Can I deploy services to other machines in the cluster?

I have a cluster consisting of three machines (A, B, C). I want to specify the ip of B through serve.start() on machine A, and it prompts me that the binding fails. Does the ray server support this deployment method?

@839576266 you only need to call serve.start on one machine; the replicas of your deployments will be placed across the cluster.

The http_host is what host the http server should bind to on each node (typically localhost or 0.0.0.0).

I tried to bind the host in serve.start(), but it doesn’t seem to work, is there anything else I need to configure?

import time

import ray
from ray import serve

environment_dict = {
    "working_dir": "/home/hwd/kernel"
}

ray.init(address='ray://10.3.70.138:10001', runtime_env=environment_dict)

http_dict = {"host": "10.3.70.140", "port": 9009}
serve.start(http_options=http_dict)


@serve.deployment
def hello(request):
    name = request.query_params["name"]
    return f"Hello {name}!"


# Deploy model.
info = hello.options(num_replicas=3).deploy()
while True:
    time.sleep(5) 

But script occurred exception:

Traceback (most recent call last):
  File "/tmp/pycharm_project_188/tests/hik_serving/test/ray_test.py", line 19, in <module>
    serve.start(http_options=http_dict)
  File "/usr/lib/fedai/hikflkernel/.venv/lib/python3.8/site-packages/ray/serve/api.py", line 465, in start
    ray.get(
  File "/usr/lib/fedai/hikflkernel/.venv/lib/python3.8/site-packages/ray/_private/client_mode_hook.py", line 104, in wrapper
    return getattr(ray, func.__name__)(*args, **kwargs)
  File "/usr/lib/fedai/hikflkernel/.venv/lib/python3.8/site-packages/ray/util/client/api.py", line 42, in get
    return self.worker.get(vals, timeout=timeout)
  File "/usr/lib/fedai/hikflkernel/.venv/lib/python3.8/site-packages/ray/util/client/worker.py", line 359, in get
    res = self._get(to_get, op_timeout)
  File "/usr/lib/fedai/hikflkernel/.venv/lib/python3.8/site-packages/ray/util/client/worker.py", line 386, in _get
    raise err
types.RayTaskError(ValueError): ray::HTTPProxyActor.ready() (pid=27111, ip=10.3.70.138, repr=<ray.serve.http_proxy.HTTPProxyActor object at 0x7f8f8119be20>)
OSError: [Errno 99] Cannot assign requested address

During handling of the above exception, another exception occurred:

ray::HTTPProxyActor.ready() (pid=27111, ip=10.3.70.138, repr=<ray.serve.http_proxy.HTTPProxyActor object at 0x7f8f8119be20>)
  File "/usr/local/abm/python/lib/python3.8/concurrent/futures/_base.py", line 432, in result
    return self.__get_result()
  File "/usr/local/abm/python/lib/python3.8/concurrent/futures/_base.py", line 388, in __get_result
    raise self._exception
  File "/usr/lib/fedai/hikflkernel/.venv/lib/python3.8/site-packages/ray/serve/http_proxy.py", line 329, in ready
    return await done_set.pop()
  File "/usr/lib/fedai/hikflkernel/.venv/lib/python3.8/site-packages/ray/serve/http_proxy.py", line 348, in run
    raise ValueError(
ValueError: Failed to bind Ray Serve HTTP proxy to '10.3.70.140:9009'.
Please make sure your http-host and http-port are specified correctly. 

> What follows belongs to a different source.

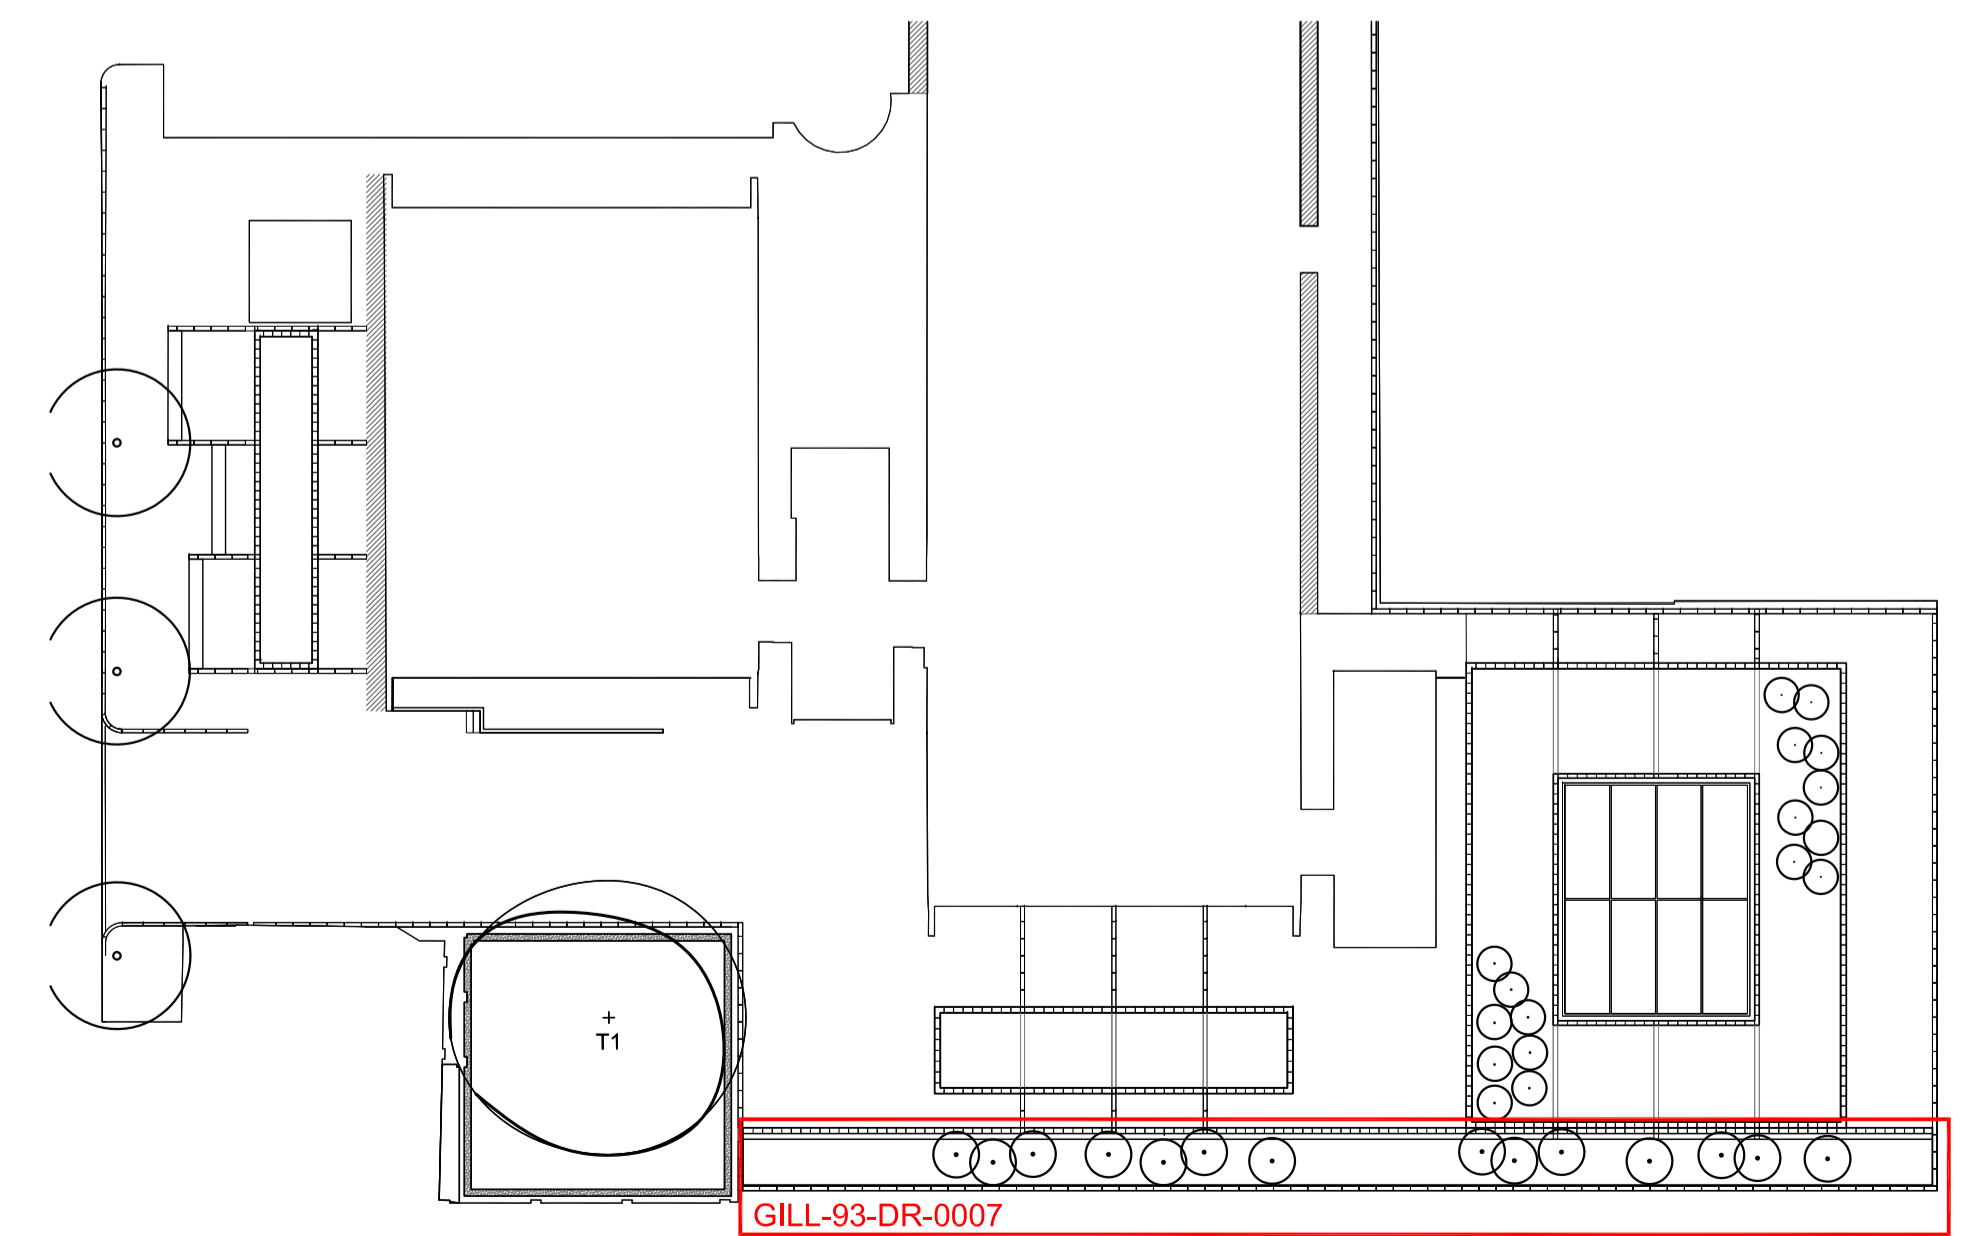

2 Key plan - Planting Plans
NTS

PLANTING DENSITY:
Plants to be spaced as per density on Planting schedule GILL-93-DR-0005.
Within each planting area, species to be planted randomly to create simple matrix of grouped species.

@839576266 are you sure that 10.3.70.140 is the right address to bind to on the cluster? If you try localhost or 0.0.0.0 does it work?

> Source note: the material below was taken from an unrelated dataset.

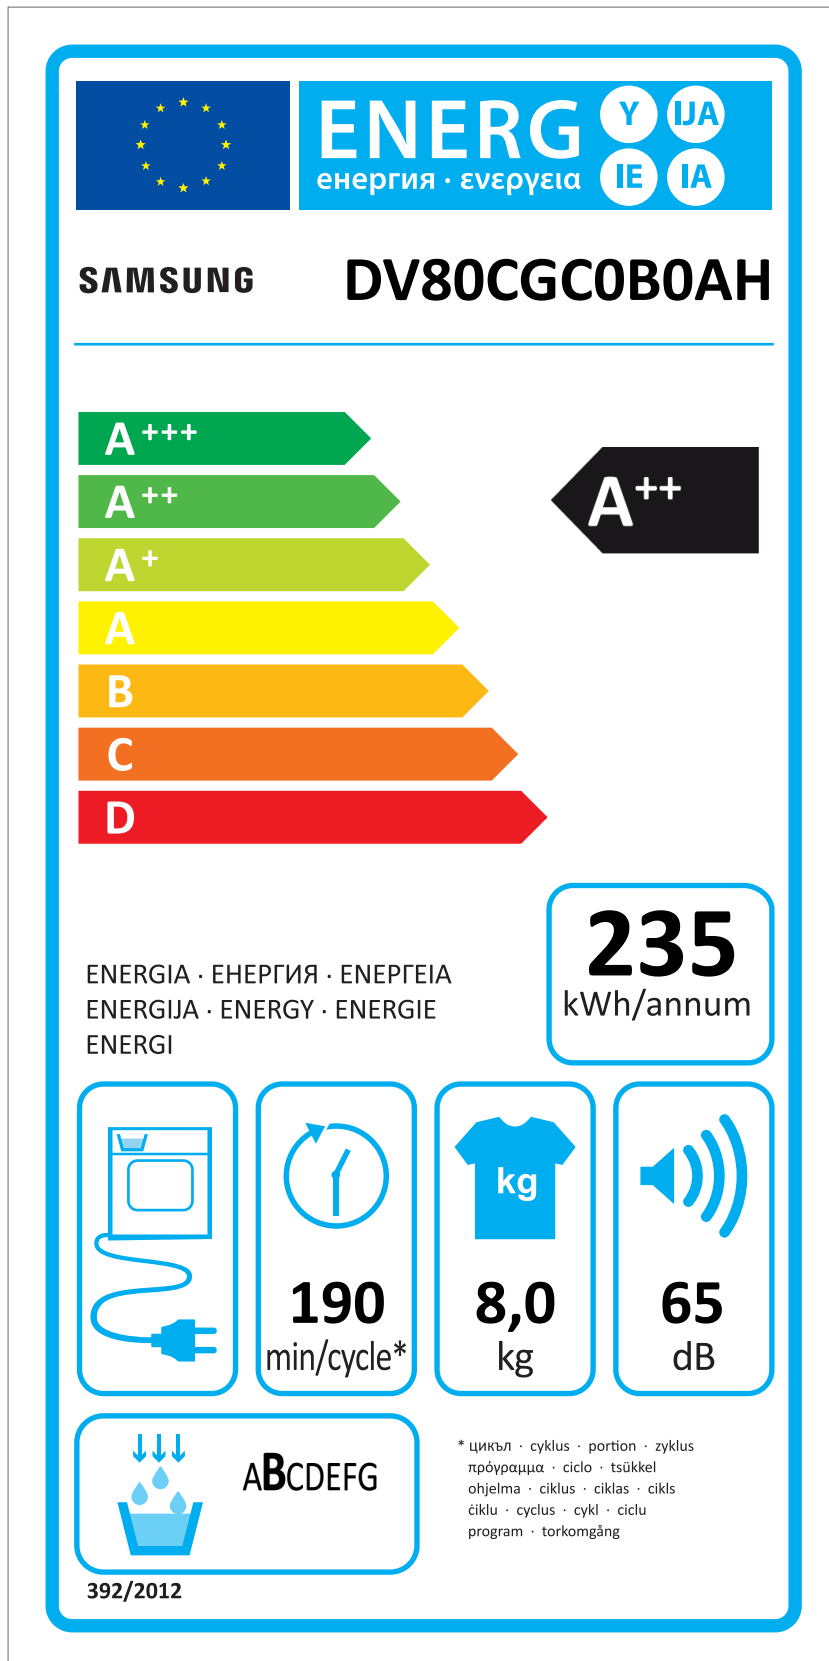

# ERP LABEL ENERGY (DRYER CONDENSER TYPE)

CODE : DC68-03225C  
Size : 110 x 220 (mm)  
Material : ART

I have deployed a ray cluster where 10.3.70.138 is the head node and 10.3.70.140 is the work node. I am running this program on 10.3.70.138 and if I use localhost it will deploy a serve deployment on 10.3.70.138. But I want to deploy serve deployment on 10.3.70.140, I’m not sure if ray supports this

@839576266 the replicas of the deployment will run across the cluster, you don’t need to set the host for each node in the cluster individually.

What does replicas in ray serve refer to? I completed my deployment through Hello.options(num_replicas=3).deploy(), but my port can only be monitored on the head node, other machines in the cluster do not find related processes

The head node’s http proxy will load balance requests to each of the Hello replicas.